コンピテンシーという概念

 今回の学習指導要領では、「資質・能力」という言葉が初めて用いられ、各教科で養うべき3つの柱として、「知識・技能」、「思考力・判断力・表現力等」、「学びに向かう人間性・態度」が示されている。この「資質・能力」に当たる考え方は、国際的にはコンピテンシーにあたるものである。そもそも、コンピテンシーとは、もとはcompetentに由来するものであり、「能力がある」といった状態をあらわす英語がもとであった。アメリカの心理学者マクレランドが、アメリカの国務省の職員の筆記テストの結果と職務上の成功とが一致しなかったため、その原因を分析したところから、ペーパー試験では測りきれない人間の能力としてのコンピテンシーに関する議論が始まったとされている。

 ただし、1990年代においては、コンピテンシーに関する定義は異なっているのが実情であった。そのため、概念整理が必要であることから、1997年にOECDによるDeSeCoプロジェクトが発足した。このプロジェクトでは、コンピテンシーの中でも、特にキー(鍵)となるコンピテンシーであるコンピテンシーの中でもキー(鍵)となるものを抽出する必要があった。なぜなら、コンピテンシーは、ある文脈では重要でも、他の文脈ではそれほど重要でもないことがある相対的な概念だからである。各分野からの研究者による概念の検討や修正が行われ最終的にまとめられたキー・コンピテンシーが、「自律的行動する力」、「異質な人々から構成される集団で相互にかかわり合う力」「道具を相互作用的に用いる知力」の三つであった。

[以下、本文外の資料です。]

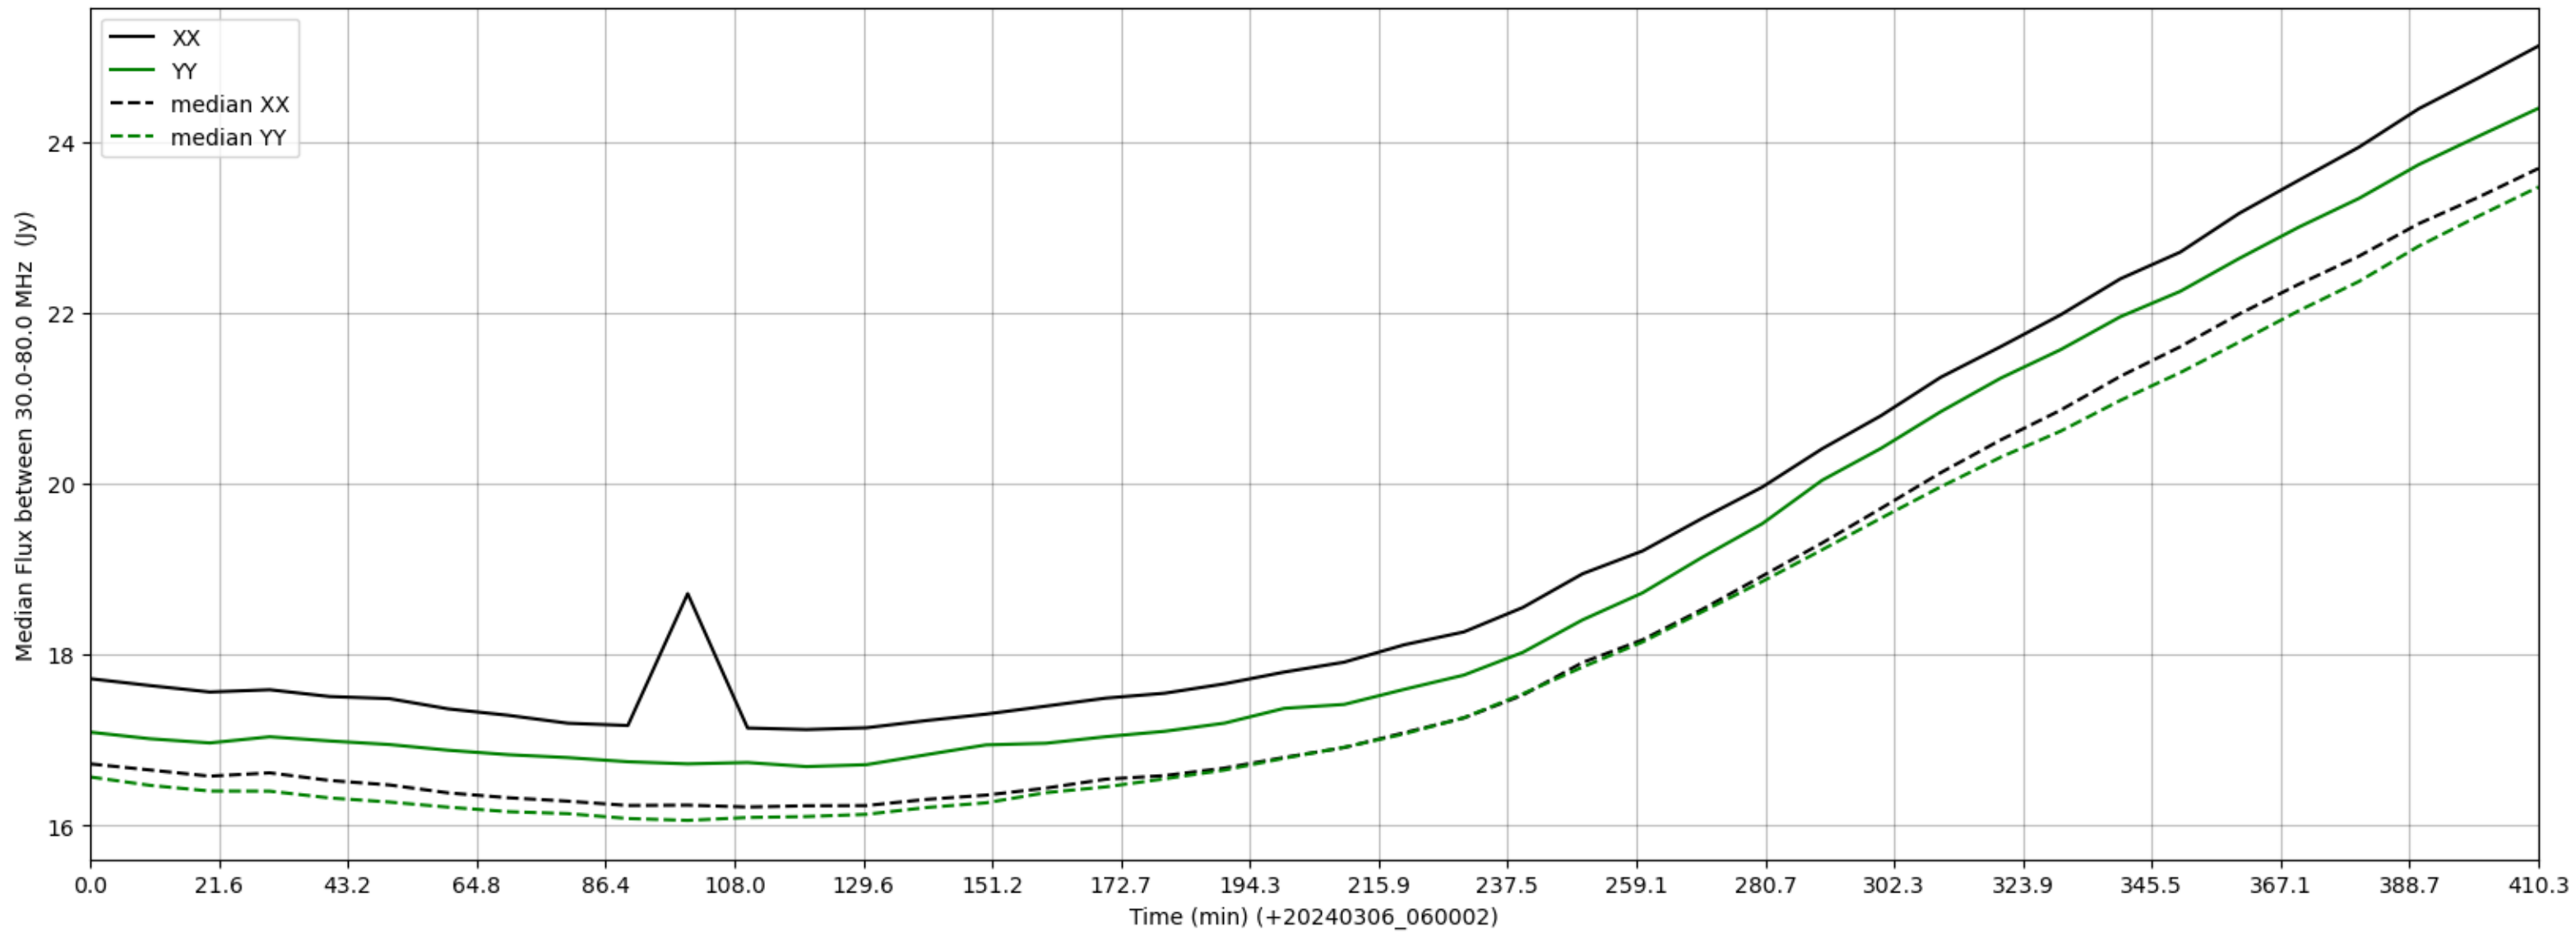

LWA139 - Correlator# 187 - XX FLAGS:Good - YY FLAGS:Good

LWA252 - Correlator# 186 - XX FLAGS:Good - YY FLAGS:Good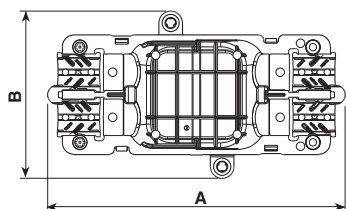

Svorka pro spojení kabelů

Rozměry		Délka odizolování	
A	138 mm	a	30 - 35 mm
B	78 mm	b	8 - 15 mm
C	35 mm	c	38 - 50 mm

### Technické parametry

- Jmen. napětí 250 V
- Jmen. proud 25 A
- Pro spojení odbočné
- Pro gumové kabely i kabely s PVC izolací
- Svorka pro 4 kabely 3x 6 mm<sup>2</sup>
- Vnější průměr kabelu 7,5 - 16 mm
- Materiál spojky - Nylon 66 RV-AE
- Zacvaknutím spojky gel zaizoluje svorku
- Splňuje požadavky EN60998-2-1:2004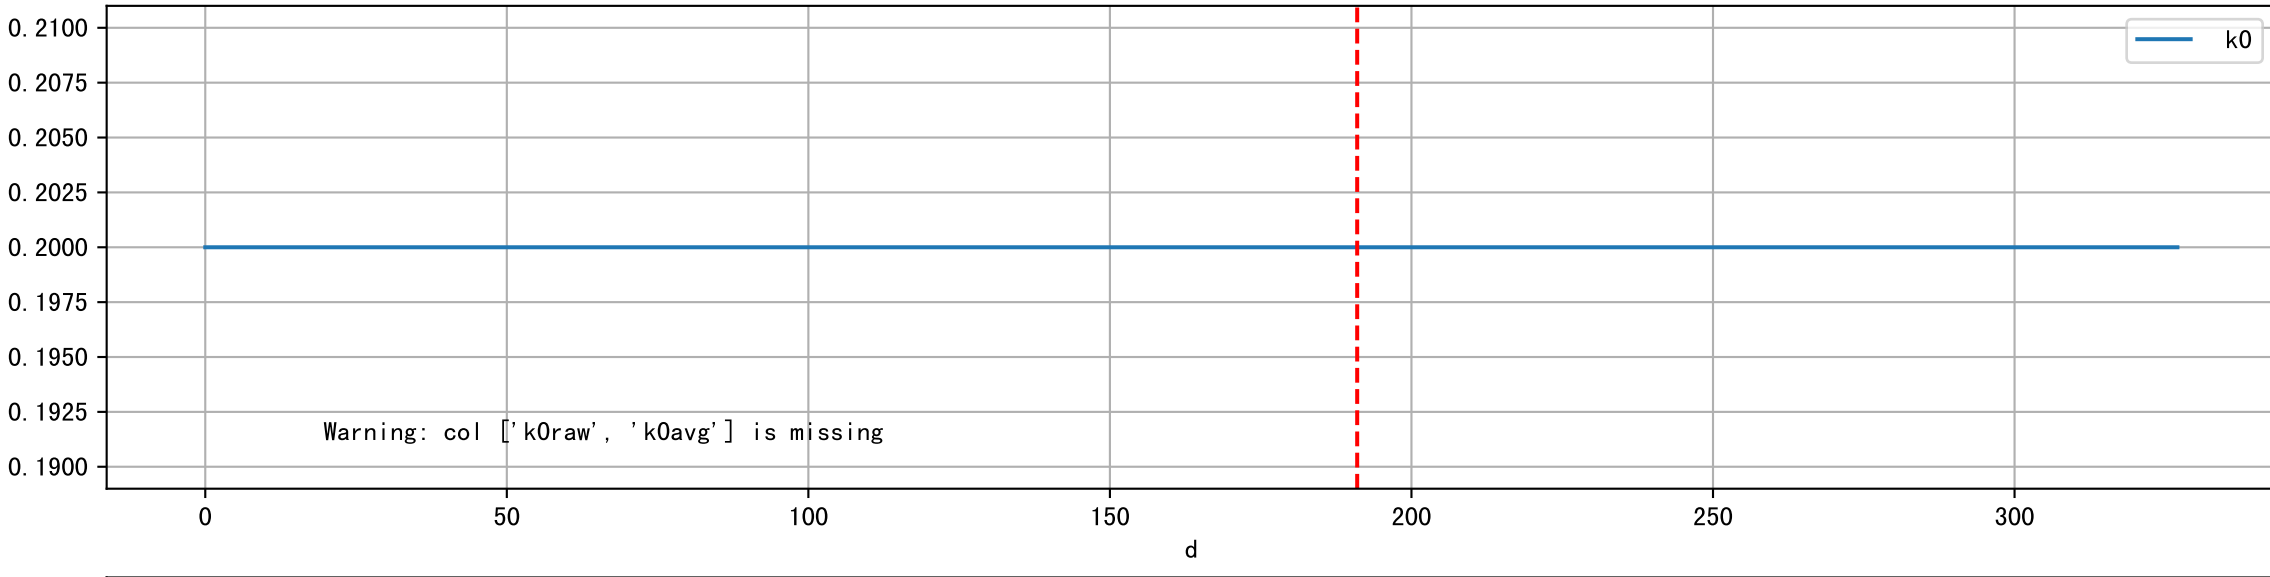

taocraw:-o', 'taocavg', 'taoc'], ['k0raw:-o', 'k0avg', 'k0'], ['k1raw:-o', 'k1avg', 'k1'], ['k2raw:-o', 'k2avg', 'k2'], ['Tblraw:-o', 'Tblavg',

P2-16 D:191 2026-03-15

 ただし、前述したように、どのようなコンピテンシーがキー(鍵)となるかは、社会状況によって異なるため、今後を生きる人々に必要なコンピテンシーを特定する必要がある。そこで、2015年には、DeSeCoプロジェクトによって特定されたキー・コンピテンシーをアップデートすることを目的の一つとして、Education2030プロジェクトが発足した。このプロジェクトでは、DeSeCoプロジェクトの成果に立脚しつつ、OECDが研究してきたウェルビーイングの研究成果を踏まえて、2030年という時代に必要とされるであろうキー・コンピテンシーが示すことであった。このプロジェクトにおいては、キーコンピテンシーとされたのが「変革をもたらすコンピテンシー」であった。